§ **EXERCISE INSTRUCTIONS**
What is needed is an exact copy of the records below, minus any pictures.

[Records from a data source]
[Start of Attachment]

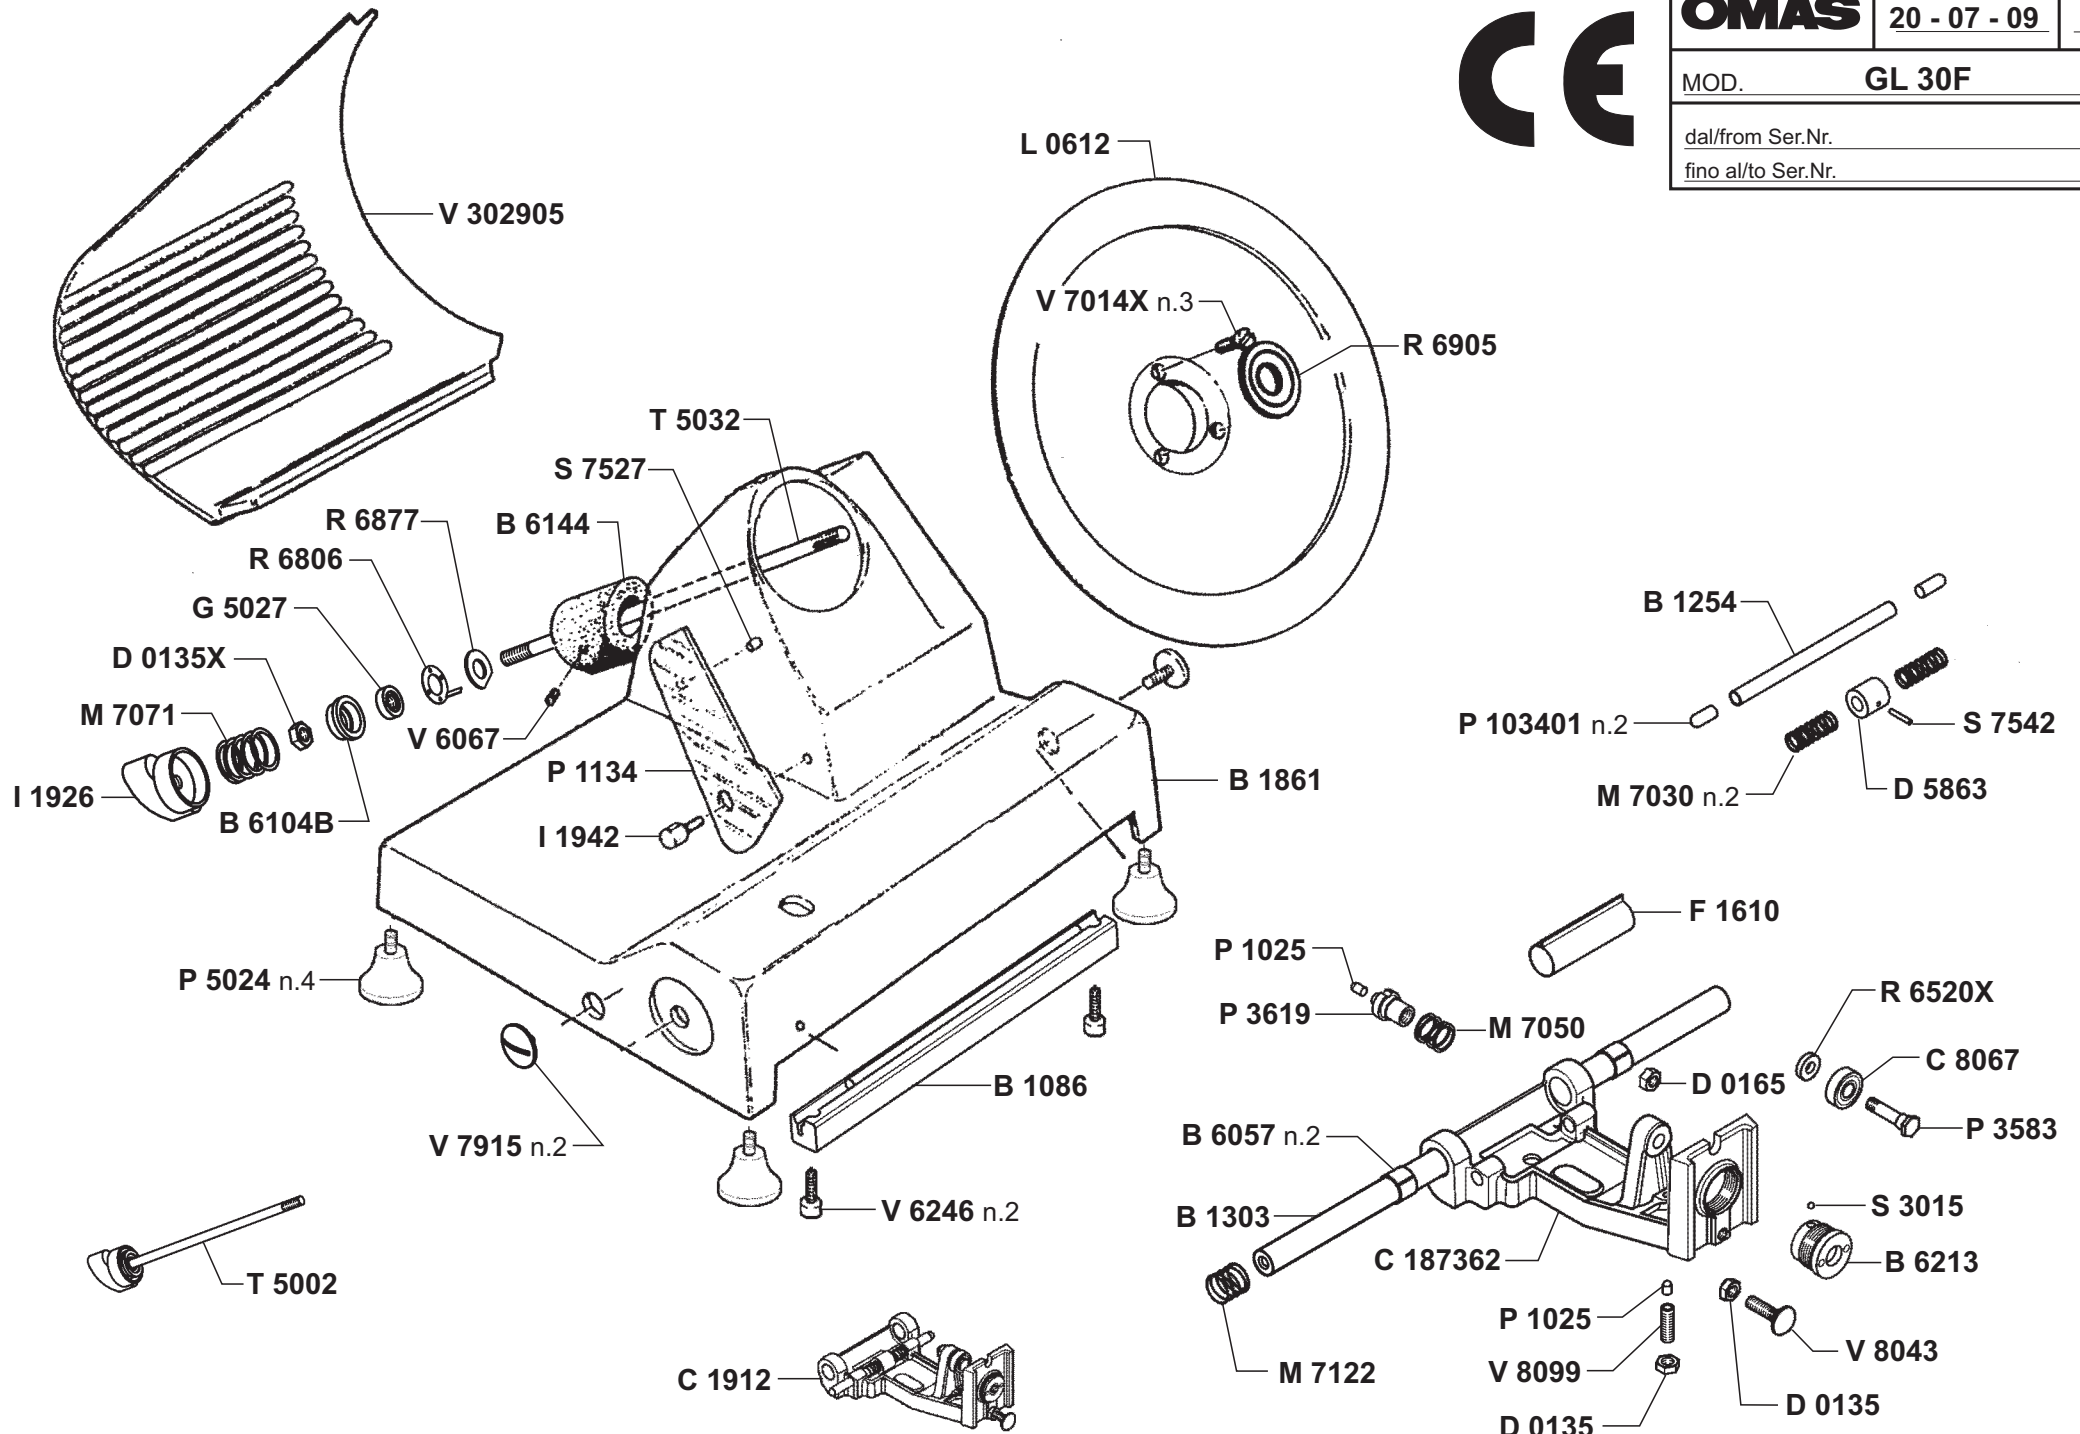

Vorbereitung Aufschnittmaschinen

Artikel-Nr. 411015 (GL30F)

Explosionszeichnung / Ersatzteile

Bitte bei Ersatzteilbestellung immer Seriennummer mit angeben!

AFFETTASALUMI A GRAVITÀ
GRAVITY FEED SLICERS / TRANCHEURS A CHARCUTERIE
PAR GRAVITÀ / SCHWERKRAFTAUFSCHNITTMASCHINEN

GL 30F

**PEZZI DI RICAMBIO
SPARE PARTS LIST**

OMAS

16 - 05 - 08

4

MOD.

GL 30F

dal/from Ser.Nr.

[End of Attachment]

§ **FINAL ANSWER**
Vorbereitung Aufschnittmaschinen

Artikel-Nr. 411015 (GL30F)

Explosionszeichnung / Ersatzteile

Bitte bei Ersatzteilbestellung immer Seriennummer mit angeben!

AFFETTASALUMI A GRAVITÀ
GRAVITY FEED SLICERS / TRANCHEURS A CHARCUTERIE
PAR GRAVITÀ / SCHWERKRAFTAUFSCHNITTMASCHINEN

GL 30F

**PEZZI DI RICAMBIO
SPARE PARTS LIST**

OMAS

16 - 05 - 08

4

MOD.

GL 30F

dal/from Ser.Nr.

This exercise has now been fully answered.